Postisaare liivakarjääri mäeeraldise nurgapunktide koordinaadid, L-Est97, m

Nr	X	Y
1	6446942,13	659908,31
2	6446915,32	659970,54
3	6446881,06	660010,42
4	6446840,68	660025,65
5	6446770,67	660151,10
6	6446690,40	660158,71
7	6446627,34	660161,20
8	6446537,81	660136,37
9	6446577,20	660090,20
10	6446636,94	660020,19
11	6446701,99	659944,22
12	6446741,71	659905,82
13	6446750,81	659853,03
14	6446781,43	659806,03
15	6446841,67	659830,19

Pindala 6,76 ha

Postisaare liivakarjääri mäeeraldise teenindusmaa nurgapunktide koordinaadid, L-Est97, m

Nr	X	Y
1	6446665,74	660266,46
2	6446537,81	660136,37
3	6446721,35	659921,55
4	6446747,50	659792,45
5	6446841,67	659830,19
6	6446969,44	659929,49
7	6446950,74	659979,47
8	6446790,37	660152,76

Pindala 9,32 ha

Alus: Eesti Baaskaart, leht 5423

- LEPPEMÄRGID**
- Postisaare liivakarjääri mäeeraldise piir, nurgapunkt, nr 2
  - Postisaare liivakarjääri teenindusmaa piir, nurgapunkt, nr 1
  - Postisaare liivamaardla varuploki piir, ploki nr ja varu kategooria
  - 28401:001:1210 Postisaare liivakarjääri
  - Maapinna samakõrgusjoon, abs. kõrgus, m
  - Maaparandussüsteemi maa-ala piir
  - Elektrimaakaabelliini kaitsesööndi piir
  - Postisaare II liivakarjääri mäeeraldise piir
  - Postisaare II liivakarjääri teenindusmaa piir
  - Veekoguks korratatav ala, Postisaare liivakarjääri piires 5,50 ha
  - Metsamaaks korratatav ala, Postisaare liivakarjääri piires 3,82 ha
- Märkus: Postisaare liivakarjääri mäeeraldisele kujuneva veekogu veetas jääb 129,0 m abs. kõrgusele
______________________________
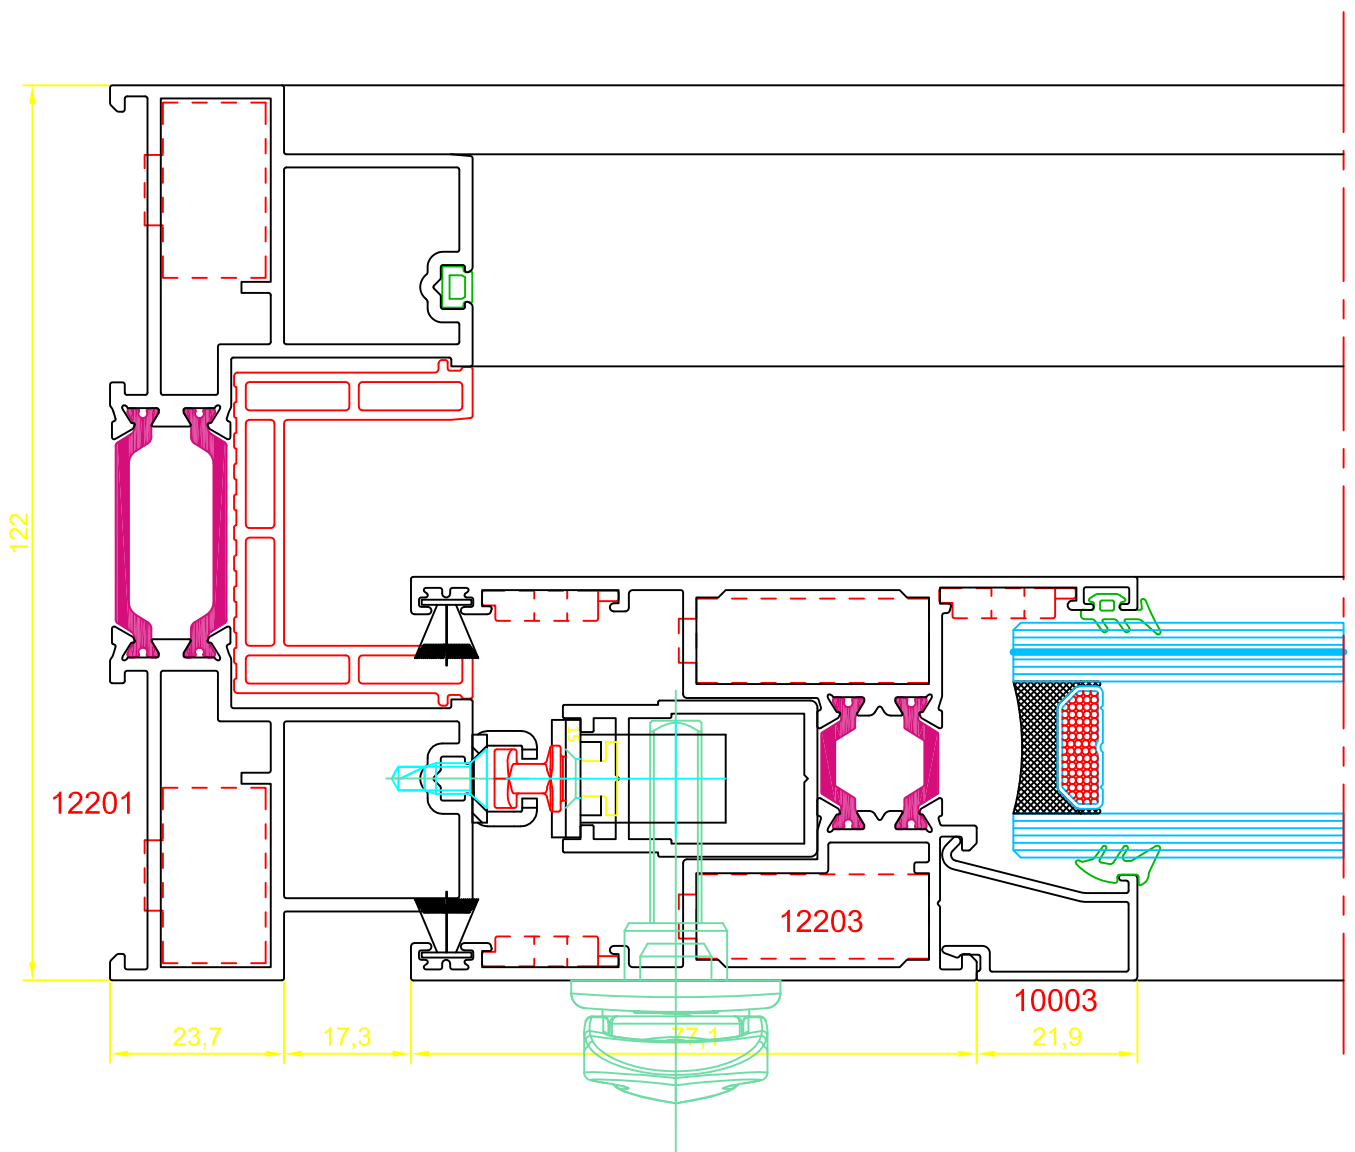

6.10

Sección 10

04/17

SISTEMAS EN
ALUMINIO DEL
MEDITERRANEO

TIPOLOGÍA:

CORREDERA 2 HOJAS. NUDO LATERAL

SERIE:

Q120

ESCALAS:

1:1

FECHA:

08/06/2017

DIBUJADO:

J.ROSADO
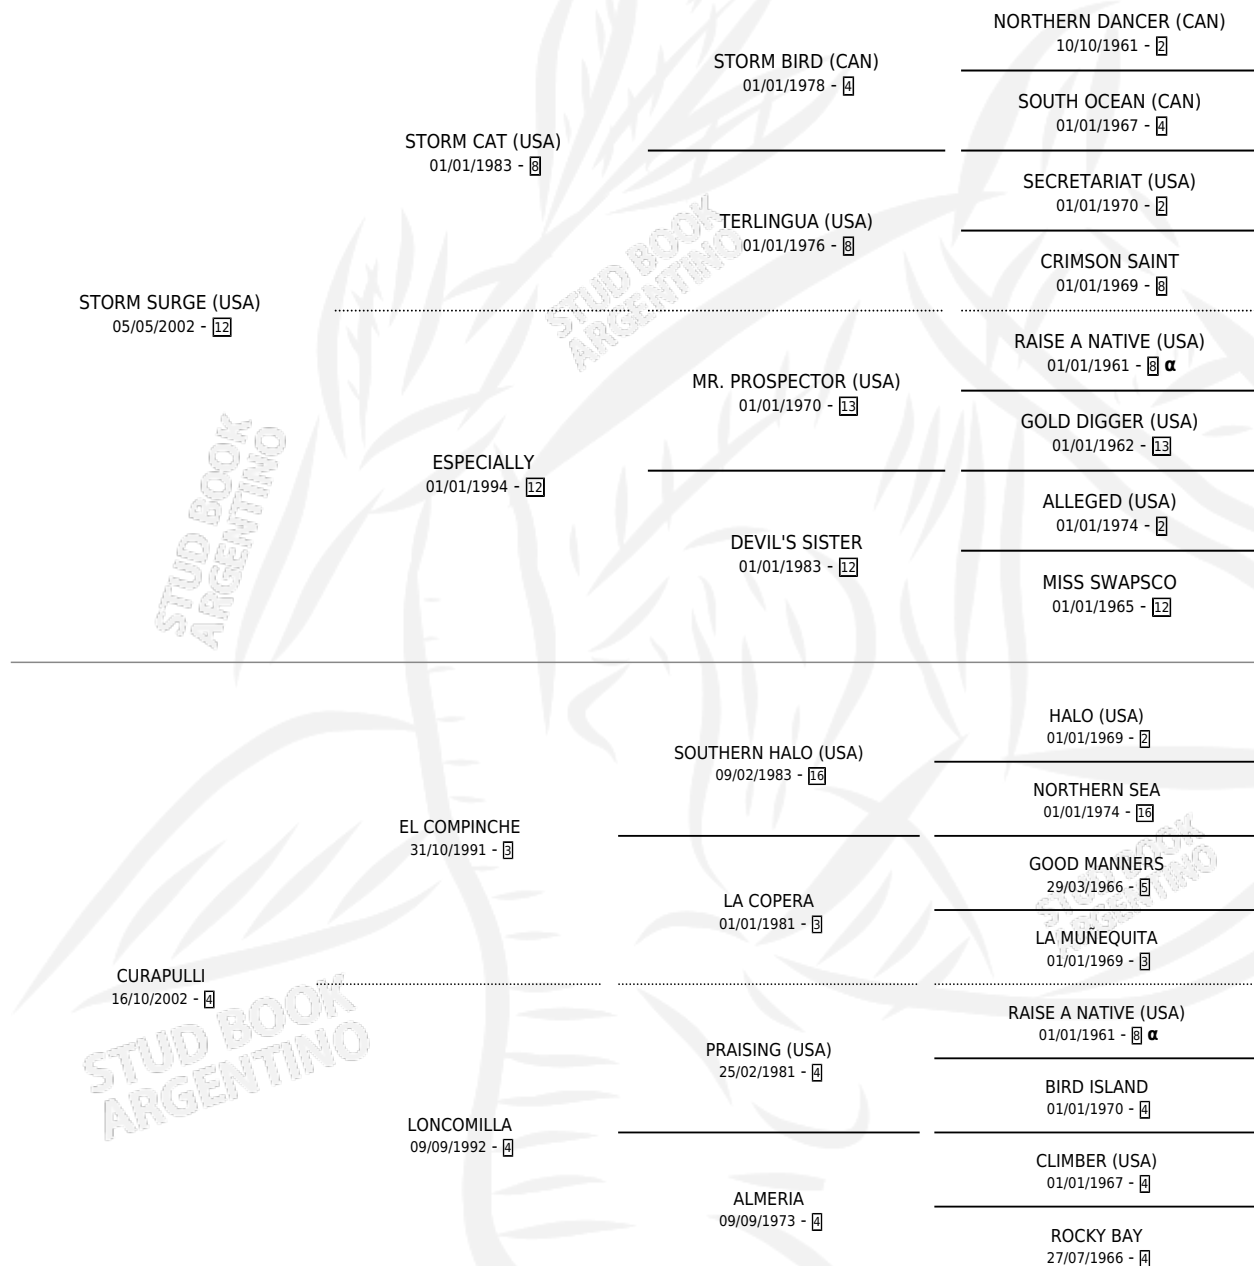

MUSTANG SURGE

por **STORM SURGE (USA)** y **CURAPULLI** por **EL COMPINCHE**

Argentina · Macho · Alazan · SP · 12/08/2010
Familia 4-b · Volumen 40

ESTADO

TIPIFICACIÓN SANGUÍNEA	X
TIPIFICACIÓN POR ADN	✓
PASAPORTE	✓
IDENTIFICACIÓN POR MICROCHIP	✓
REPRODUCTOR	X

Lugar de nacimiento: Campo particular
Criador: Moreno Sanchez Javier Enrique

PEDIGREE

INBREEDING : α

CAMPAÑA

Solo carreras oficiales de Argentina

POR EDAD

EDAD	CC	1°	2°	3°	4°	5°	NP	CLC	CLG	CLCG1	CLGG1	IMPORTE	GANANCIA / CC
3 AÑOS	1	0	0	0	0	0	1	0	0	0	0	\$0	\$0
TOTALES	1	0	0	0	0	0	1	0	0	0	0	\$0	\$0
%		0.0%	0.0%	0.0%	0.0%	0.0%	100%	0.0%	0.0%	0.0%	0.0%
______________________________
• WORK TO BE COMPLETED: Please give an exact copy of the entries above, from the line with "- Postisaare II liivakarjääri mäeeraldise" down to the line with "- Märkus: Postisaare", inclusive, and nothing else.

• RESPONSE BELOW:
  - Postisaare II liivakarjääri mäeeraldise piir
  - Postisaare II liivakarjääri teenindusmaa piir
  - Veekoguks korratatav ala, Postisaare liivakarjääri piires 5,50 ha
  - Metsamaaks korratatav ala, Postisaare liivakarjääri piires 3,82 ha
- Märkus: Postisaare liivakarjääri mäeeraldisele kujuneva veekogu veetas jääb 129,0 m abs. kõrgusele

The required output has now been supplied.